Axelsson und die schwedische Welle

Die Eishockey-Macht Schweden spielt in der NLA wieder eine Rolle.

Kämpferisch, gross und torgefährlich: Der Schwede Dick Axelsson ist ein Trumpf des HCD im Playoff.

Kämpferisch, gross und torgefährlich: Der Schwede Dick Axelsson ist ein Trumpf des HCD im Playoff.

(Bild: Keystone)

Silvan Schweizer@SchweizerSilvan

Der HC Davos hat einige für Gegner unangenehme Spieler: Energiebündel Dino Wieser geht man besser aus dem Weg. Beat Forster kennt die Kunst der Provokation. Doch beim 5:2 in Spiel 2 war ein anderer der Vorkämpfer: Dick Axelsson. Der 1,91 Meter grosse Schwede pflügte sich immer wieder unerbittlich durch die ZSC-Abwehr und brachte die Scheibe aus allen Lagen aufs Tor. So wurde er auch mit dem 1:0 belohnt, als Patrick Geering seine Hereingabe ins eigene Netz ablenkte. Axelsson bringt ein beeindruckendes Paket aus Kraft und Technik mit. Coach Arno Del Curto sieht in ihm einen potenziellen NHL-Star – wenn er sich im Sommer seriös vorbereiten würde, statt stets noch die Inlinehockey-WM zu bestreiten. Die Verpflichtung des 27-jährigen Lebemanns im letzten Sommer war Beweis des Umdenkens bei Del Curto. Seine Meisterteams waren stets tschechisch oder kanadisch geprägt. Nun hat er mit Axelsson und Marcus Paulsson zwei Schweden im Kader, will mit ihnen Grosses erreichen. Ein Trend in der gesamten Liga: Diese Saison kamen 17 Schweden zum Einsatz, vor fünf Jahren waren es noch sechs gewesen.
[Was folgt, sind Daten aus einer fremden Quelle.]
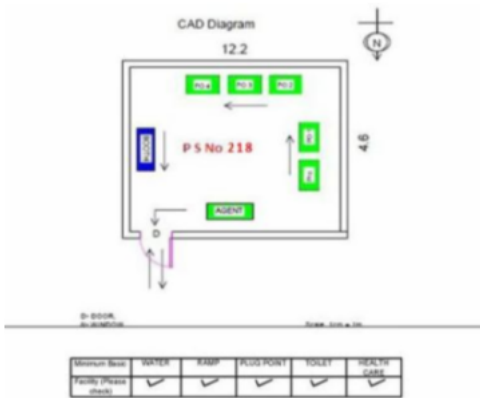

Google Map View

Polling Station Building Front View

Polling Station Front View

Cad View

Key MAP View

1	AWP2373702	பெயர் : அருணாசலம் தந்தையின் பெயர்: ராதா கிருஷ்ணன் வீட்டு எண் : 1 வயது : 61 பாலினம் : ஆண்	Photo is available	2	WHJ2312551	பெயர் : பூஜா தந்தையின் பெயர்: தனராஜ் வீட்டு எண் : 1-5/1 வயது : 25 பாலினம் : பெண்	Photo is available	3	AWP0398826	பெயர் : ராஜேஸ்வரி - கணவர் பெயர்: மாணிக்கம் - வீட்டு எண் : 2/1 வயது : 70 பாலினம் : பெண்	Photo is available
4	IYE0991091	பெயர் : கிருஷ்ணமூர்த்தி - தந்தையின் பெயர்: மாணிக்கம் - வீட்டு எண் : 2/1 வயது : 47 பாலினம் : ஆண்	Photo is available	5	AWP2540813	பெயர் : ஆனந்த் ரா தந்தையின் பெயர்: ராஜ்குமார் வீட்டு எண் : 2/1 வயது : 38 பாலினம் : ஆண்	Photo is available	6	IYE0991125	பெயர் : சரளா - கணவர் பெயர்: கிருஷ்ணமூர்த்தி - வீட்டு எண் : 2/1 வயது : 36 பாலினம் : பெண்	Photo is available
7	AWP2511418	பெயர் : கௌசிகா தாயின் பெயர்: ஜெயலட்சுமி வீட்டு எண் : 2/1 வயது : 20 பாலினம் : பெண்	Photo is available	8	GMV1921568	பெயர் : சுப்பிரமணி - தந்தையின் பெயர்: வேலுசாமி - வீட்டு எண் : 2/4 வயது : 50 பாலினம் : ஆண்	Photo is available	9	GMV1916683	பெயர் : பிரேமா - கணவர் பெயர்: சுப்ரமணி - வீட்டு எண் : 2/4 வயது : 46 பாலினம் : பெண்	Photo is available
10	AWP1467455	பெயர் : பூஜா தந்தையின் பெயர்: சுப்பிரமணி வீட்டு எண் : 2/4 வயது : 26 பாலினம் : பெண்	Photo is available	11	AWP2624559	பெயர் : ஹரிணி சுப்பிரமணி தந்தையின் பெயர்: சுப்பிரமணி வேலுசாமி வீட்டு எண் : 2/4 வயது : 21 பாலினம் : பெண்	Photo is available	12	XOE1393545	பெயர் : சரவணா பிரகாஷ் தந்தையின் பெயர்: மாதேஸ்வரன் வீட்டு எண் : 2/169ஏ வயது : 44 பாலினம் : ஆண்	Photo is available
13	AAQ2039626	பெயர் : புனிதா கணவர் பெயர்: சரவண பிரகாஷ் வீட்டு எண் : 2/169ஏ வயது : 42 பாலினம் : பெண்	Photo is available	14	AWP2384717	பெயர் : பிரியாங்கா தந்தையின் பெயர்: ரவிசந்தரன் வீட்டு எண் : 3 வயது : 22 பாலினம் : பெண்	Photo is available	15	AWP2281962	பெயர் : ஜயலக்ஷ்மி தந்தையின் பெயர்: கோபால் கிருஷ்ணன் வீட்டு எண் : 3-5 வயது : 78 பாலினம் : பெண்	Photo is available
16	AWP2281947	பெயர் : விஜயா தந்தையின் பெயர்: நம்மாள்வார் வீட்டு எண் : 3-5 வயது : 58 பாலினம் : பெண்	Photo is available	17	AWP2281988	பெயர் : ரம்யா தந்தையின் பெயர்: ரவிசந்தரன் வீட்டு எண் : 3-5 வயது : 29 பாலினம் : பெண்	Photo is available	18	AWP2281996	பெயர் : கார்த்திகா தந்தையின் பெயர்: ரவிசந்தரன் வீட்டு எண் : 3-5 வயது : 27 பாலினம் : பெண்	Photo is available
19	BDW1218510	பெயர் : புவனேஸ்வரி - கணவர் பெயர்: சண்முகம் - வீட்டு எண் : 3/6 வயது : 49 பாலினம் : பெண்	Photo is available	20	NLT1057116	பெயர் : பவித்திரா - தந்தையின் பெயர்: சீனிவாசன் - வீட்டு எண் : 3/6 வயது : 31 பாலினம் : பெண்	Photo is available	21	ZHT0731026	பெயர் : பூவரசி - தந்தையின் பெயர்: முனிராஜ் - வீட்டு எண் : 3/6 4வது க்ராஸ் வயது : 29 பாலினம் : பெண்	Photo is available
22	IYE1192137	பெயர் : சீனிவாசன் - தந்தையின் பெயர்: வெங்கடாஜலம் - வீட்டு எண் : 4/3 வயது : 68 பாலினம் : ஆண்	Photo is available	23	IYE1192129	பெயர் : மாதேஸ்வரி - கணவர் பெயர்: சீனிவாசன் - வீட்டு எண் : 4/3 வயது : 57 பாலினம் : பெண்	Photo is available	24	IYE1192145	பெயர் : ஜெயபால் - தந்தையின் பெயர்: சீனிவாசன் - வீட்டு எண் : 43 வயது : 36 பாலினம் : ஆண்	Photo is available
25	AWP2610954	பெயர் : ராணி கணவர் பெயர்: கிருபா வீட்டு எண் : 4/5 வயது : 41 பாலினம் : பெண்	Photo is available	26	AWP0254235	பெயர் : மகாலட்சுமி - தந்தையின் பெயர்: கோபால் - வீட்டு எண் : 4/5 வயது : 35 பாலினம் : பெண்	Photo is available	27	AWP2281186	பெயர் : கோ நீலாம்பாள் தந்தையின் பெயர்: கோவிந்தராசு வீட்டு எண் : 5 வயது : 60 பாலினம் : பெண்	Photo is available
28	AWP2281111	பெயர் : பார்த்தசாரதி தந்தையின் பெயர்: கோவிந்தராஜ் வீட்டு எண் : 5 வயது : 33 பாலினம் : ஆண்	Photo is available	29	AWP1348143	பெயர் : ரமேஷ் - தந்தையின் பெயர்: சுப்ரமணி - வீட்டு எண் : 5-5 வயது : 50 பாலினம் : பெண்	Photo is available	30	AWP1348135	பெயர் : கல்பனா - தந்தையின் பெயர்: ரமேஷ் - வீட்டு எண் : 5-5 வயது : 43 பாலினம் : பெண்	Photo is available

Zwischen 2001 und 2014 keine schwedischen Meisterspieler

Erst letztes Jahr ging eine lange Pause zu Ende: Als Robert Nilsson im vierten Finalspiel gegen Kloten zum Penalty anlief und kühl verwertete, sicherte er damit den ZSC Lions nicht nur den Titel; er selbst wurde zum ersten schwedischen Meisterspieler in der NLA seit 13 Jahren. Damals hatte ZSC-Stürmer Morgan Samuelsson mit seinem Overtime-Tor in Lugano ebenfalls für die Entscheidung im Titelkampf gesorgt.

Bis zu jener Zeit waren die Schweden in der Schweiz lange prägende Figuren gewesen: Kent Johansson beim «Grande Lugano» der 80er, Mikael Johansson und Anders Eldebrink bei den glorreichen Klotenern in den 90ern und Peter Andersson bei Lugano 1999. Doch die russische KHL und die einheimische Liga waren für jene Schweden, die zwar talentiert, aber zu wenig gut für die NHL waren, finanziell bald attraktiver.

Seit der Krise im Osten und dem neuen TV-Vertrag in der Heimat, der den Clubs weniger Geld in die Kassen spült, finden die Schweden aber den Weg zurück in die Schweiz. Axelsson/Paulsson bei Davos oder Nilsson/Tallinder beim ZSC – der Final wird so oder so erneut schwedische Sieger hervorbringen.